C++

Forum

 
Copying class objects

kyrresc (75)
Hello,

I had a question re. copying of pre-defined types(int, doubles etc..) and user-defined types(classes for example..)

If we have the following code:

1
2
3
4
5
 
int a = 10; //a is assigned the value 10 and is stored at a memory location
{
int b = a; //b is assigned the same value as a and stored at another memory location
} //b is destroyed when it leaves scope, whereas a remains.
cout << &a; //we get the address where a is stored.


But what happens if we have a user defined type and do the same thing, where we haven't implemented a copy constructor? What will happen?
Last edited on
Peter87 (11179)
It works the same for user-defined types. If you don't write a copy constructor for your class the compiler will generate one for you.
kyrresc (75)
Alright, thx. And the compiler generates a copy constructor using shallow copy, right?

And why do we want to implement our own copy constructor using deep copy?
Peter87 (11179)
Alright, thx. And the compiler generates a copy constructor using shallow copy, right?

It will just copy each data member without doing anything special. If the member is a pointer it will just copy the pointer as-is without touching the object that is pointed to. If the member is a class object it will call the copy constructor.

And why do we want to implement our own copy constructor using deep copy?

It's mostly when the class contains a pointer that you need to implement your own copy constructor. If the pointer points to some dynamically allocated object that you delete in the destructor you don't want to end up with two objects with pointers to the same dynamically allocated object because that could lead to the dynamically allocated object being deleted twice (which is not allowed) or one object might try to use the dynamically allocated object after it has been deleted by the other object's destructor. For that reason you either want to disable the copy constructor or implement it in such a way that the dynamically allocated object is copied so that each object has its own copy.

Related to this is the rule of three: https://en.wikipedia.org/wiki/Rule_of_three_(C%2B%2B_programming)
Last edited on
kyrresc (75)
Thanks. I made a simple test to make sure I understood the concept.

header file:
1
2
3
4
5
6
7
8
9
10
11
 
class MyClass {
private:
    int* myNumber;
public:
    MyClass(int myValue);
    void setMyValue(int myValue);
    int getMyValue() const;
    ~MyClass();
};

ostream& operator<<(ostream& os, const MyClass& mc);


Implementation file:
1
2
3
4
5
6
7
8
9
10
11
12
13
14
15
16
17
18
19
20
21
22
 
MyClass::MyClass(int myValue) {
    myNumber = new int;
    *myNumber = myValue;
}

MyClass::~MyClass() {
    delete myNumber;
    myNumber = nullptr;
}

void MyClass::setMyValue(int myValue) {
    *myNumber = myValue;
}

int MyClass::getMyValue() const {
    return *myNumber;
}

ostream& operator<<(ostream& os, const MyClass& mc) {
    os << mc.getMyValue();
    return os;
}


Now, when we create two instances of the class from main (I put in some comments in the code - is the reasoning correct?)
1
2
3
4
5
6
7
8
9
10
 
MyClass n1{10}; //Creating a MyClass-object n1 which is stored somewhere in memory
    cout << n1;
    
    MyClass n2{20}; //Same as above.
    
    n2 = n1; //Copying the data-members of n1. i.e. the myNumber pointer of n2 now holds the SAME address in memory as the n1 myNumber pointer.
    n1.setMyValue(40); //setting the value at the pointer address equal to 40.
    cout << n2; //returns 40, as all changes made to n1 will be reflected in n2 as it holds the same address.

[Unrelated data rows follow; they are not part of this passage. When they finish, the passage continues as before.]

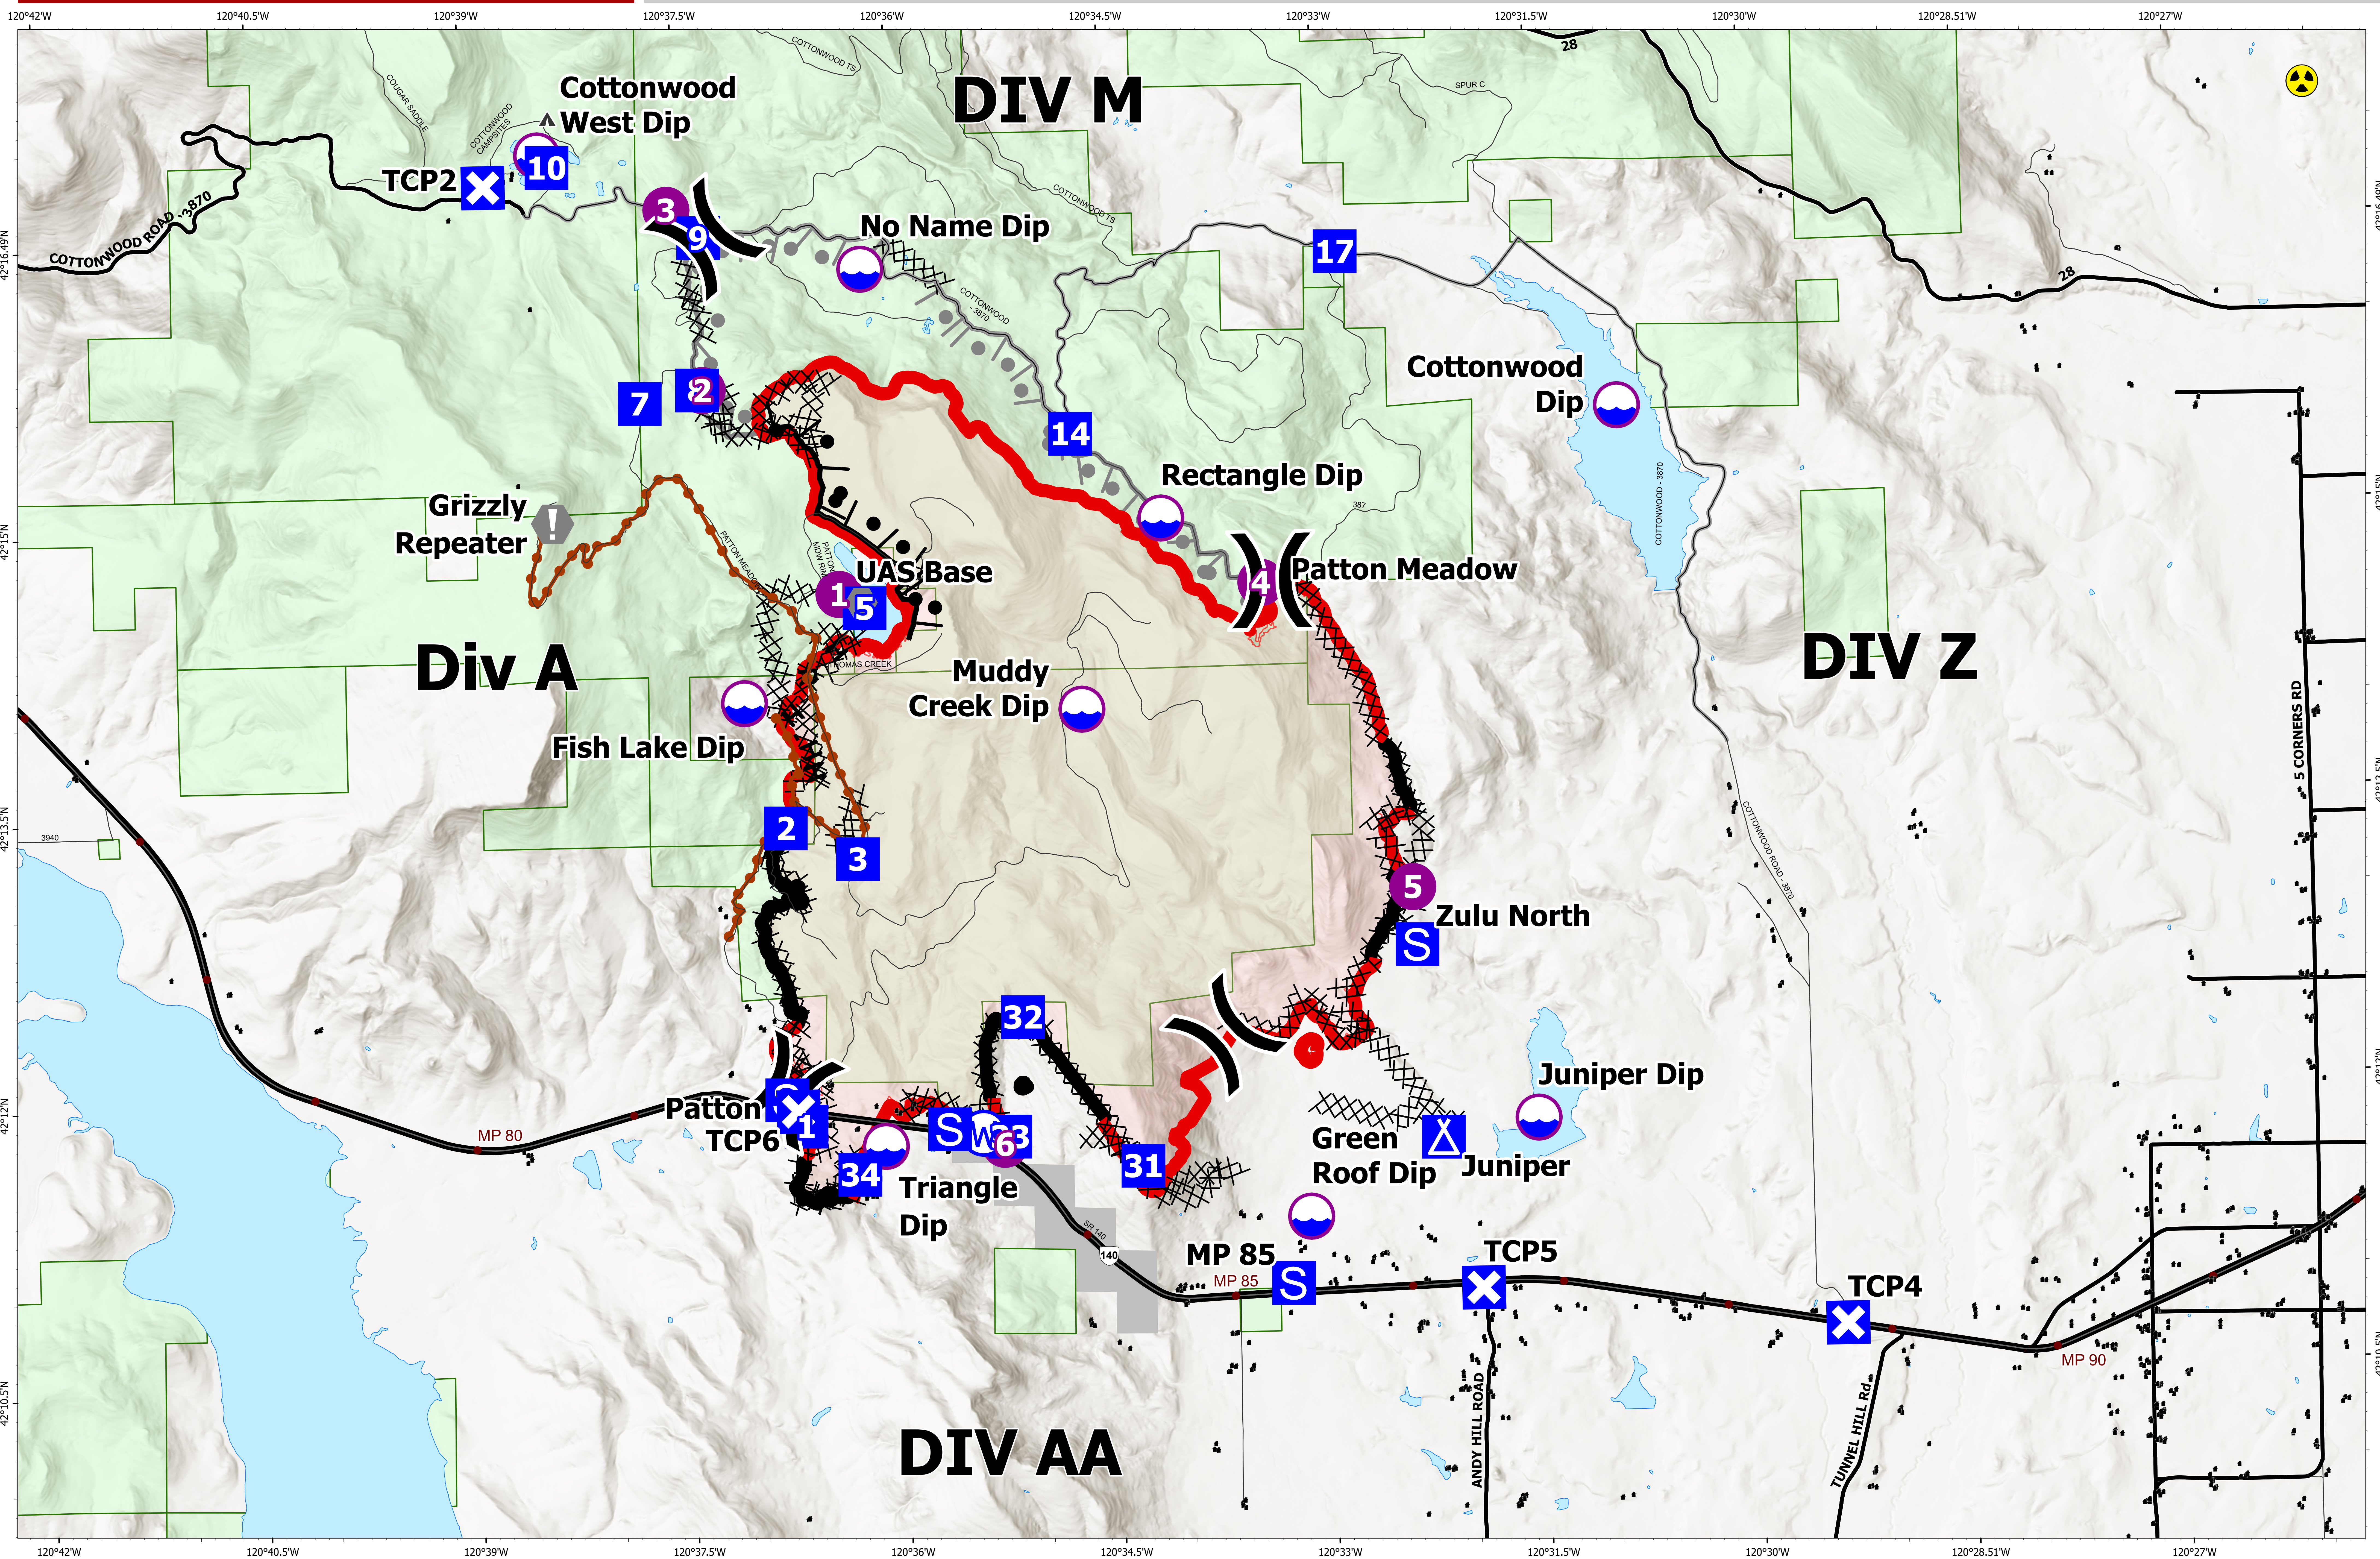

# Briefing Map

# Patton Meadow

## ORFWF210419

August 20, 2021  
Night Shift

ODF Team 3 GIS  
08/20/2021 1415  
Acres from IR  
North American 1983 Datum, Lat/Long Grid

Fox Cpx: 8304 acres at 08/18/21 @ 18:40 hrs  
Patton Meadow: 7,480 acres  
Willow Valley: 824 acres

- |                        |                 |                |               |                     |
|------------------------|-----------------|----------------|---------------|---------------------|
| Fire Area              | Planned Burnout | Division Break | Value at Risk | Interstate; Highway |
| Completed Burnout      | Fire Edge       | Drop Point     | Hazard        | Paved               |
| Completed Dozer Line   | Contained Line  | Closure        | Water Source  | All weather         |
| Completed Hand Line    | Dip Site        | Camp           | Helispot      | Mainline Rd         |
| Completed Road as Line | Helispot        | Staging Area   | Structures    | State Boundary      |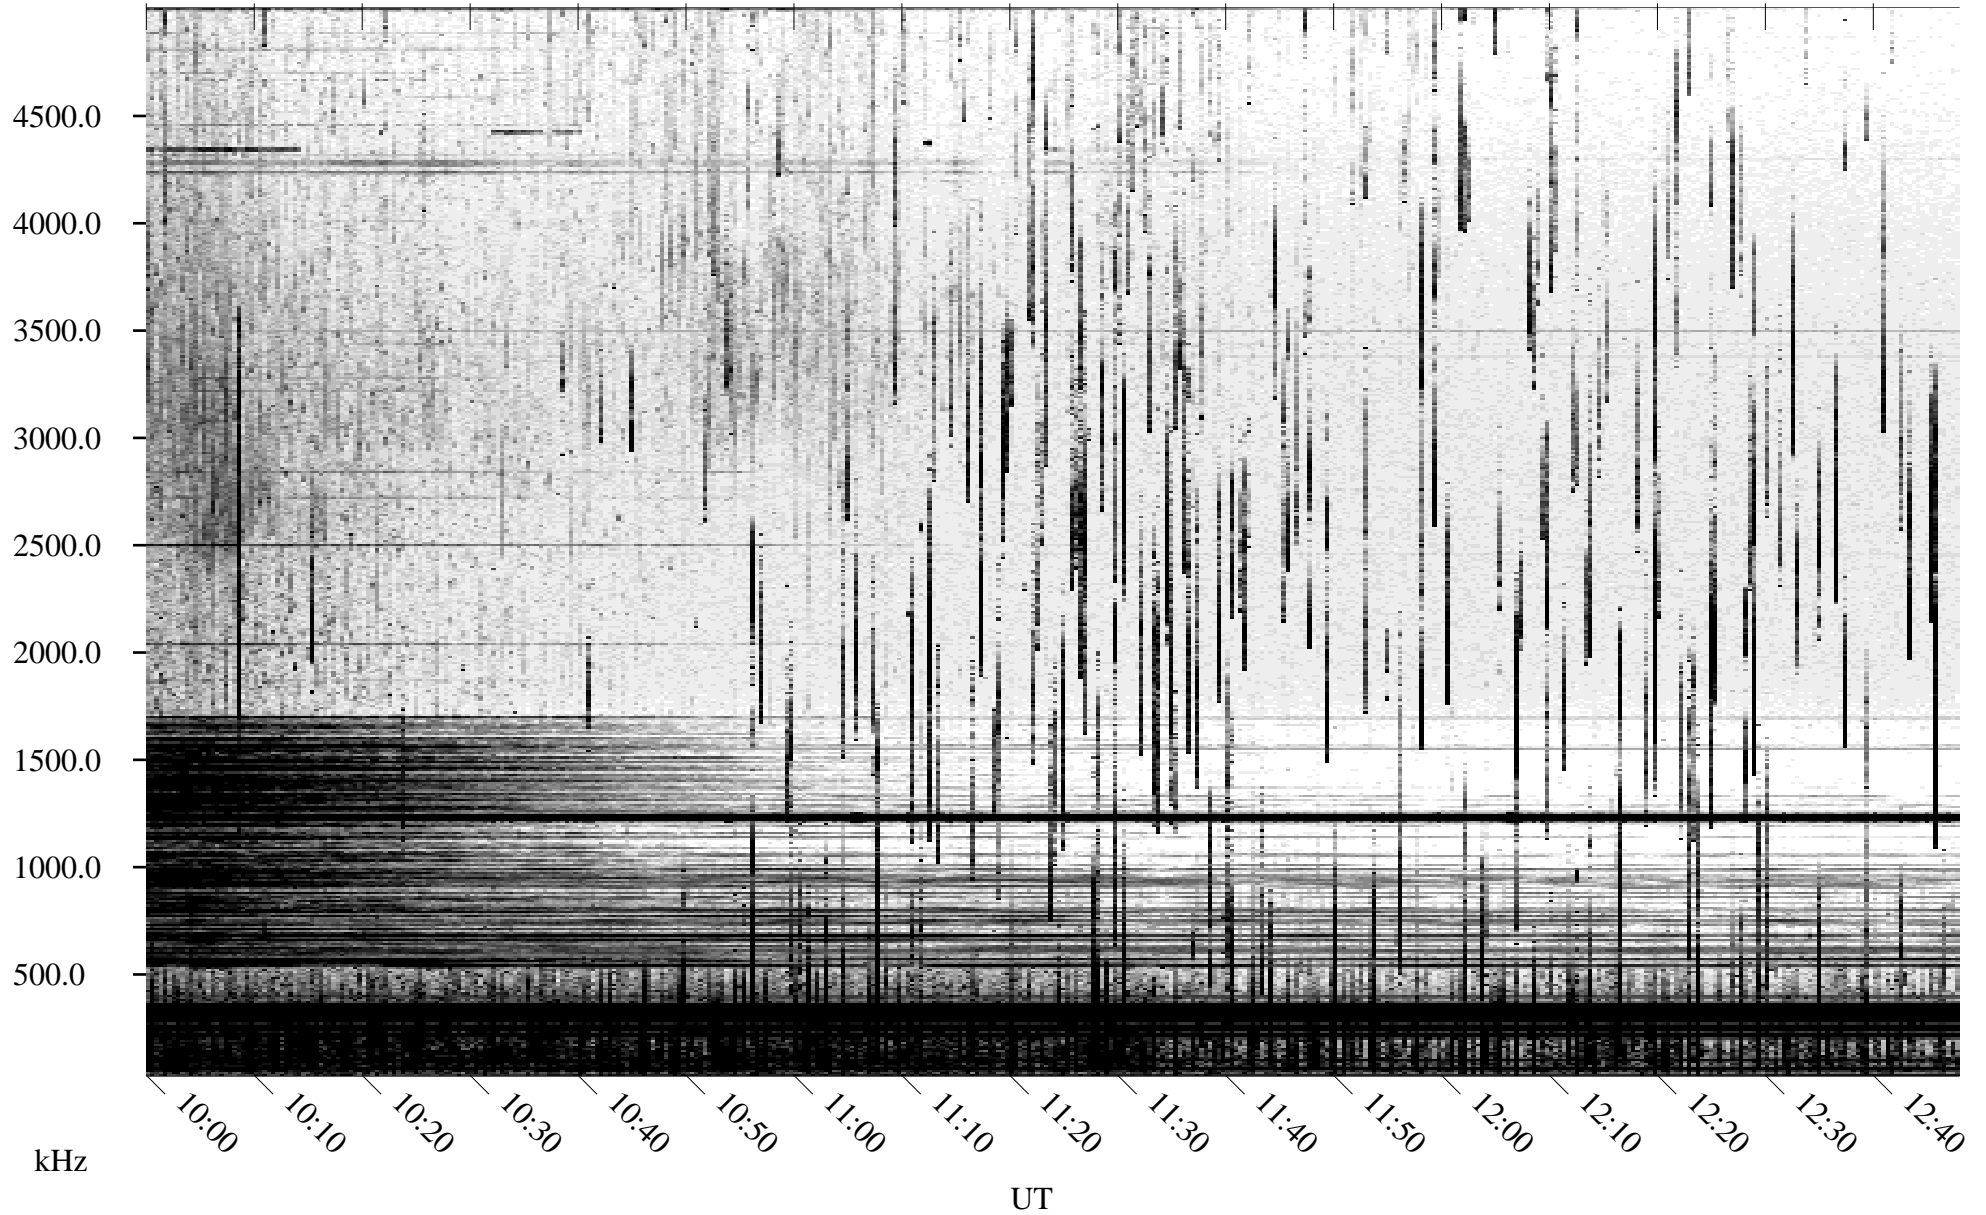

08/09/2005 Churchill, Manitoba

Linear Scale Black = 161 White = 15

ch052211.r00m max_12

Page 1

08/09/2005 Churchill, Manitoba

Linear Scale Black = 161 White = 15

ch052211.r00m max_12

Page 2

08/10/2005 Churchill, Manitoba

Linear Scale Black = 161 White = 15

ch052211.r00m max_12

Page 3

08/10/2005 Churchill, Manitoba

Linear Scale Black = 161 White = 15

ch052211.r00m max_12

Page 4

08/10/2005 Churchill, Manitoba

Linear Scale Black = 161 White = 15

ch052211.r00m max_12

Page 5

08/10/2005 Churchill, Manitoba

Linear Scale Black = 161 White = 15

ch052211.r00m max_12

Page 6

08/10/2005 Churchill, Manitoba

Linear Scale Black = 161 White = 15

ch05221l.r00m max_12

Page 7

08/10/2005 Churchill, Manitoba

Linear Scale Black = 161 White = 15

ch052211.r00m max_12

The program finally crashes when exiting main as we are trying to free the same memory twice, right?
AbstractionAnon (6954)
The program finally crashes when exiting main as we are trying to free the same memory twice, right?

Correct. The compiler provided copy constructor did a shallow copy which means it copied the myNumber pointer verbatim.

At the end of the program, n1 and n2's destructors are called. Because n1's destructor gets called first, it frees its memory. When n2's destructur gets called, it tries to free the same memory which has already been released by n1.
Last edited on
Peter87 (11179)
Yep, that is correct.
jonnin (11347)
self defense tip -- every call to delete should null the pointer:

delete [] ptr;
ptr = nullptr;

delete of null does nothing / harmless. delete of bad address is not so good.
but 2 objects with the same pointer inside is confusing and difficult to deal with on many levels. I advise avoidance, and if you can't, extreme care is needed.
Last edited on
kyrresc (75)
Thx.

Why delete [] ptr tho and not delete ptr, given that ptr in this case holds an int and not an array?
jonnin (11347)
it was just an example, I didnt even look at your variable names. if its 1 delete, if its a block []. Seems like [] always works but maybe that is only true if you allocate 1 via [1]? I can't think of the last time I allocated 1 of something... having a moment thinking thru it.. lol

the point is the null assignment, not the delete syntax.
Last edited on
Topic archived. No new replies allowed.